The short answer is yes, but I'd qualify that in various ways, since the cryptic texts that constitute the corpus of the Mystery can categorically "fit" along a number of different axes.
First off, the Mystery texts may have a practical purpose: the webmaster of the Mystery site is attempting to interpret them as encoded "rules" to a "game," which would suggest that they're more comfortably classified under "instructions" or "puzzle," fields that aren't traditionally thought of as "aesthetic." (This may be a failing: elements of the aesthetic can be located in puzzles which are finely-crafted, as any fan of "enigmatologist" Will Shortz will readily attest to. And categorizing something as a "puzzle" doesn't
necessarily mean that it can't also be categorized as a narrative: certainly all mystery novels are "puzzle-narratives" of a sort, and other "book-puzzles" exist: as a child I logged a lot of hours looking at Christopher Manson's Maze, a "virtual space in the shape of a book.")

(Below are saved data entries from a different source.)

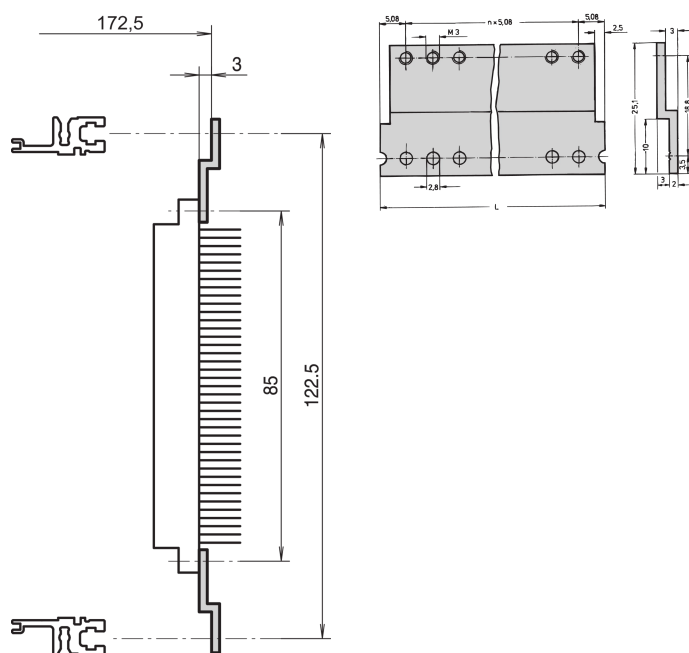

# Carril Z para conector, DIN 41617, 31 pines, 40 HP

## NÚMERO DE CATÁLOGO

**30819-763**

Carril Z para conector según DIN 41617, 31 pines.

## CARACTERÍSTICAS

En conjunto con los rieles horizontales traseros Tipo ST

Para conectores a DIN 41617

## ATRIBUTOS DEL PRODUCTO

Tipo de producto: Carril Z

Familia de productos: EuropacPRO; RatiopacPRO; RatiopacPRO AIRE; CompacPRO; PropacPRO

Compatible con: Subpistas; Casos

Ancho del rack: 40HP

Longitud: 208.28mm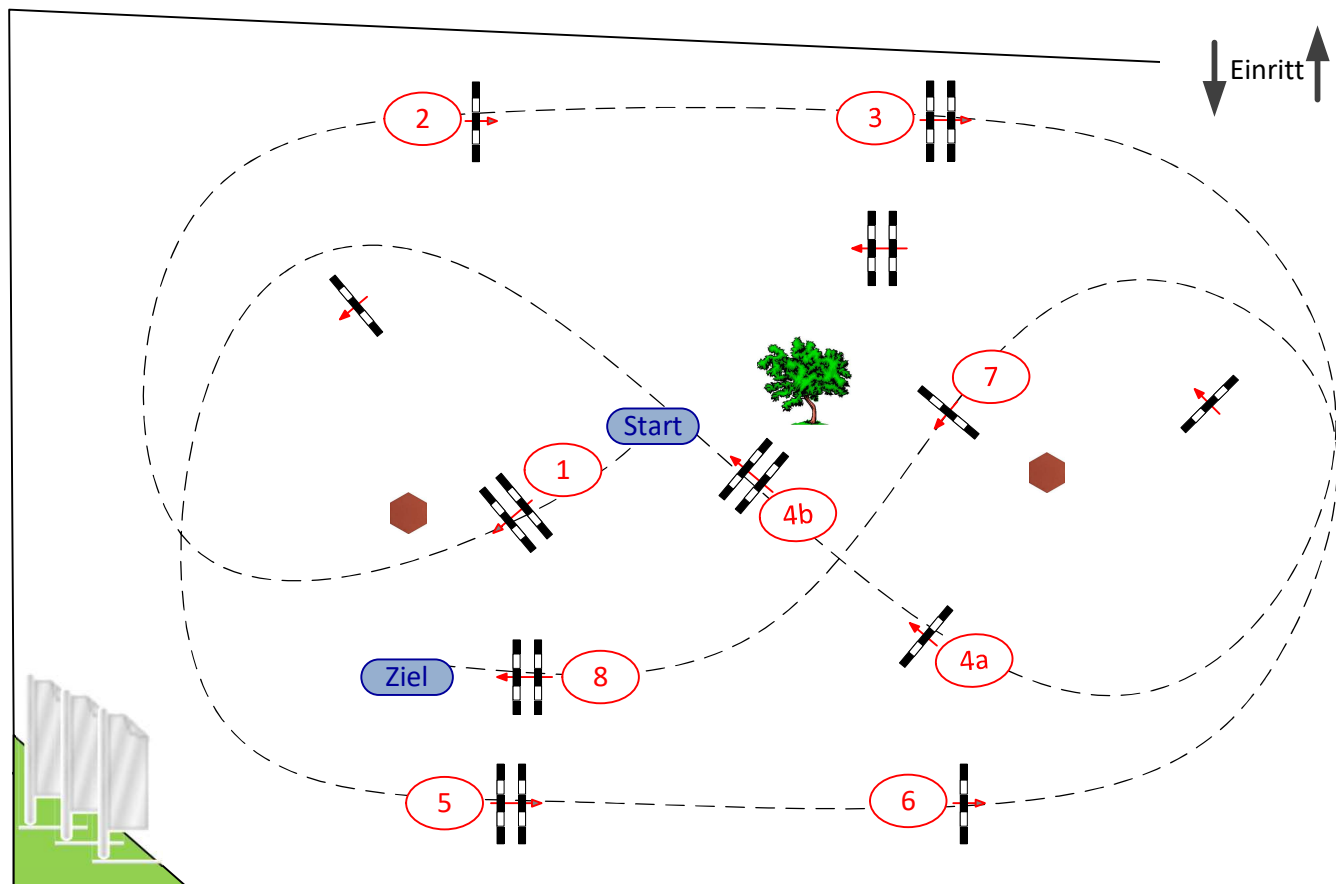

Prüfung Nr.: 8

Stilspringprüfung Klasse A*

Samstag, 26. Juni 2021

Beginn: 14:30

aw-parcours.de

Richtverfahren:	Wertnote
LPO §:	520,3a
FEI RG / Art.:	-
Höhe (m):	0,95
Tempo (m/min):	350
Bahnlänge (m):	380
Erlaubte Zeit (s):	66
Höchstzeit (s):	132
Hindernisse:	8
Sprünge:	9
Hindernisfehler (s):	-
Geschl. Hindernisse:	-

Richter

Parcoursdesig: Jessica Ripplinger

Mystery novels, of course, frame their puzzles with all the normal trappings of narrative, and even the nonlinear Maze has a setting, characters (it's told from the point of view of a guide) and dialogue. The Mayday Mystery corpus doesn't have any of these things: although it features various historical personages they don't "function" as characters, and at initial glance nothing resembling a plot or setting can be discerned. Its organizing strategy seems to be primarily collage / juxtaposition, producing something ideogrammatic rather than linear, which would seem to take it out of the realms of narrative or instruction and place it instead more into the realms of poetry (or magic).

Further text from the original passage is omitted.